2. Description of the Prior Art
Prior to running application code on a processor, it is first necessary to compile that application code in order to generate from the application code a sequence of instructions representing that application code, that sequence of instructions then being executed on the processor.
A well-known technique for improving the performance of fully or partially compiled code is Feedback Driven Optimisation (FDO). In accordance with this technique, the compiled code is executed on a processor of a data processing system, and the performance of that system is profiled, with this profiling information then being used by the compiler to decide how to modify the compiled code. In fully, statically, compiled languages, such as C and C++, the profiling information is collected in a test run, during which the originally compiled code is executed on a target processor. Once the test run has been completed, the profiling information is used to control the recompilation of the code by the compiler. It is the recompiled version of the code that is then subsequently used.
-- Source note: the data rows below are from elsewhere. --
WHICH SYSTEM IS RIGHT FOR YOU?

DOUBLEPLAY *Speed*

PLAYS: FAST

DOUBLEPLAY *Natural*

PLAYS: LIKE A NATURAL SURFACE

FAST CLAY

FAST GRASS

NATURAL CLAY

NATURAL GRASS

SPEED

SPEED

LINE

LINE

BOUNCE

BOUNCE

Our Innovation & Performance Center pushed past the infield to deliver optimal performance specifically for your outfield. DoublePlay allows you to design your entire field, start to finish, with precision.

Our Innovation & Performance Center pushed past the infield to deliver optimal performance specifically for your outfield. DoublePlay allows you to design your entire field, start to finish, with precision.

In dynamically compiled languages, the compiler will typically allow portions of the application code to be dynamically compiled during run time. One example of a dynamically compiled language is the JAVA™ programming language as specified by Sun Microsystems Inc. The JAVA™ programming language seeks to provide an environment in which computer software written in JAVA™ can be executed upon many different processing hardware platforms without having to alter the JAVA™ software. In JAVA™, the run-time system includes a bytecode compiler allowing the JAVA™ bytecodes (i.e. the JAVA™ application code) to be compiled at run-time into native code for the processor on which the software is running. In practice, the bytecode compiler will not compile all of the JAVA™ bytecodes, but instead the initial bytecode stream is interpreted by interpreter code, and based on the performance of the interpreted version of the application code, some of it may then be compiled by the bytecode compiler into native code.
It is possible in such dynamically compiled systems to use profiling information to select dynamically which sections of the application code should be compiled, this being known in the JAVA™ environment as Adaptive Dynamic Compilation (ADC). The aim of such ADC techniques is to improve the performance of a system as it is running.
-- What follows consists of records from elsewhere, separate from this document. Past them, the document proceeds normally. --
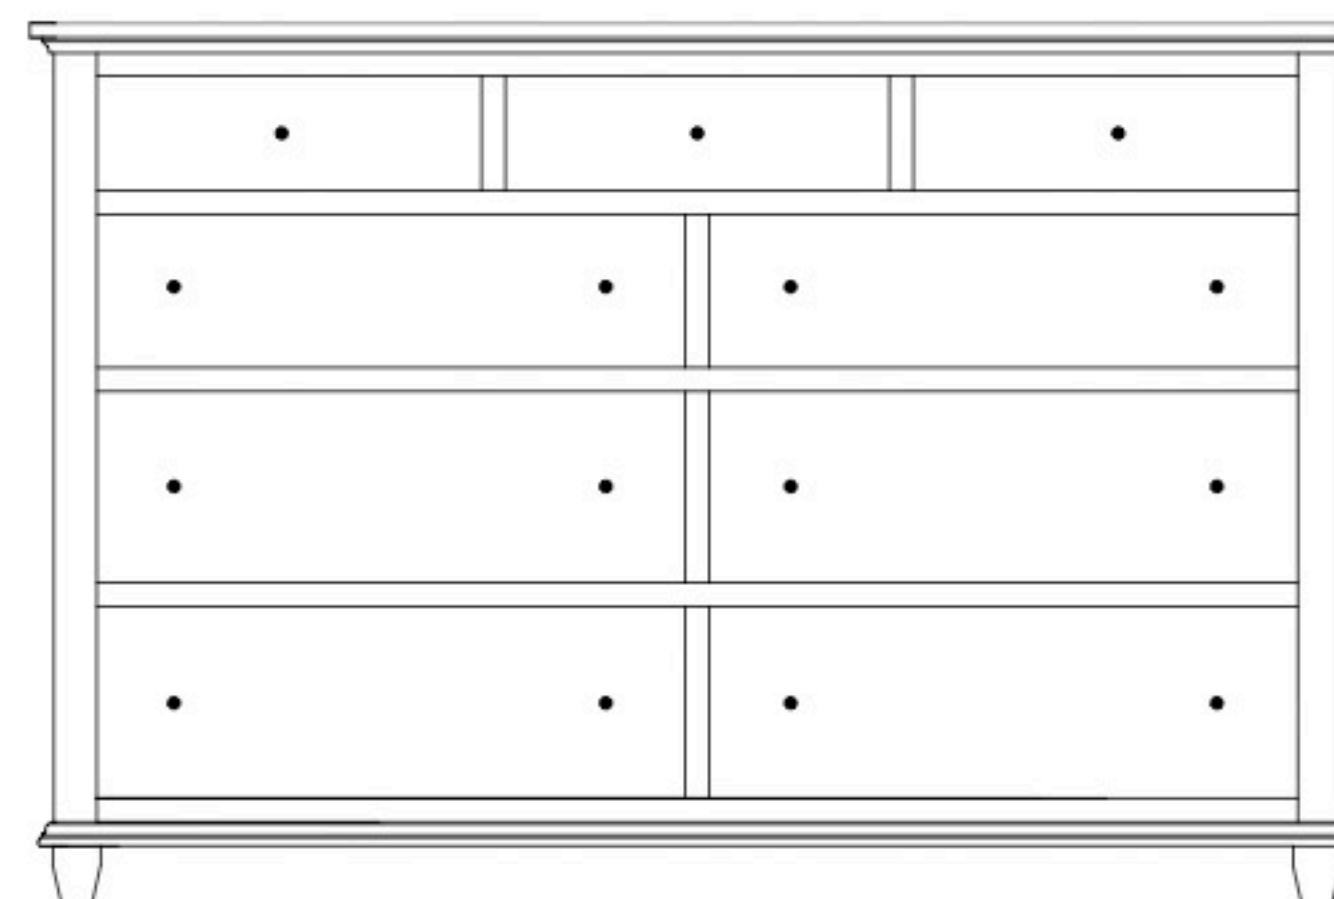

# Rosedale Dressers

RD-3157 Dresser shown with MI-2370 Mirror

**RD-3154 Dresser**  
58 $\frac{3}{4}$ "w 35 $\frac{3}{4}$ "h 21 $\frac{1}{2}$ "d  
w/7 drawers

Suggested Mirrors:

**MI-3130 Mirror**  
40"h 36"w

**RD-3156 Dresser**  
72 $\frac{1}{4}$ "w 35 $\frac{3}{4}$ "h 21 $\frac{1}{2}$ "d  
w/7 drawers, 1 door  
w/1 adjustable shelf

Suggested Mirrors:

**MI-3131 Mirror**  
40"h 46"w

**RD-3155 Dresser**  
68 $\frac{3}{4}$ "w 35 $\frac{3}{4}$ "h 21 $\frac{1}{2}$ "d  
w/7 drawers

Suggested Mirrors:

**MI-3131 Mirror**  
40"h 46"w

**RD-3157 Dresser**  
58 $\frac{3}{4}$ "w 45"h 21 $\frac{1}{2}$ "d  
w/9 drawers

Suggested Mirrors:

**MI-3132 Mirror**  
32"h 42"w

**RD-3158 Dresser**  
68 $\frac{3}{4}$ "w 45"h 21 $\frac{1}{2}$ "d  
w/9 drawers

Suggested Mirrors:

**MI-3133 Mirror**  
32"h 52"w

There are a number of known techniques for obtaining the profiling information. One such technique involves “instrumentation” of the code, which involves adding additional instructions into the sequence of instructions generated by the compiler from the application code (or in the case of dynamically compiled languages such as JAVA™, adding additional instructions into the relevant parts of the interpreter code), to cause predetermined profiling information to be stored when those additional instructions are executed. As an example, the instrumentation process may involve adding an additional instruction into an instruction sequence which forms the body of a loop, whereby each time that additional instruction is encountered, it causes a counter to be incremented, thereby in effect keeping count of the number of times that loop is iterated. That piece of profiling information, along with other pieces of profiling information obtained as a result of further instructions added during the instrumentation process, can then be used to optimise the compilation by the compiler.
An alternative to the instrumentation approach is to use sample based profiling techniques, which involve interrupting the processor at predetermined points to enable performance counters to be read via a JTAG interface, or to be saved into memory. More details on feedback driven optimisation is provided in the article “Feedback directed optimisation in Compaq's compilation tools for Alpha” by Robert Cohn et al, which appeared in the 2nd ACM Workshop on Feedback-Directed Optimisation, Haifa, Israel, Nov. 15, 1999.
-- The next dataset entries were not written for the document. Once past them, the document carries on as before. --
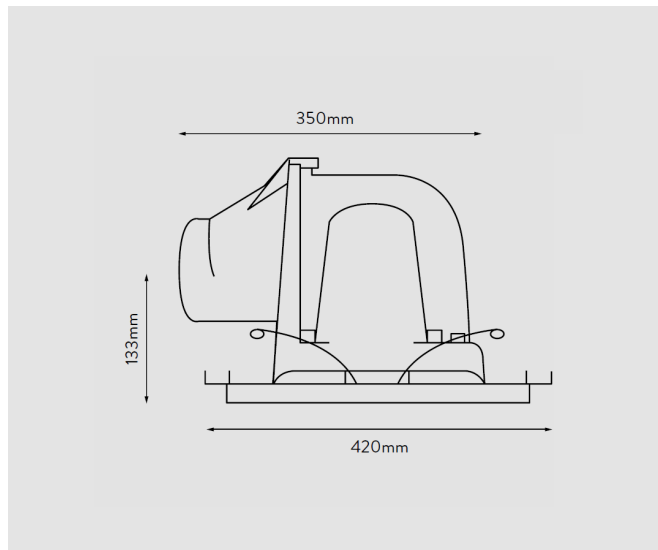

# Xpelair CMF271 Dimensions

CMF FAN DIMENSIONS

CMF FAN DIMENSIONS

APRIL 2021

Xpelair (A brand of Glen Dimplex Heating & Ventilation), Millbrook House, Grange Drive, Hedge End, Southampton SO30 2DF

[www.xpelair.co.uk](http://www.xpelair.co.uk)

The problem with both of the above techniques is that they are intrusive, and significantly alter the behaviour of, and slow down, the code that they are attempting to optimise. For instance, the instrumentation technique involves adding additional instructions into the instruction sequence which hence materially alters the instruction sequence. Similarly, the sample based profiling technique involves interrupting the execution at predetermined points, which would not occur during normal execution of the compiled code. Hence, both techniques tend to adversely affect the accuracy of the information collected, particularly in real-time systems. Furthermore, in dynamic compilation implementations such as the above described JAVA™ case, the amount of information collected to decide what to compile has to be carefully balanced against the cost (e.g. in terms of performance, increased size of code, etc) of collecting that information.
It would hence be desirable to provide an improved technique for obtaining profiling information for use in such FDO techniques.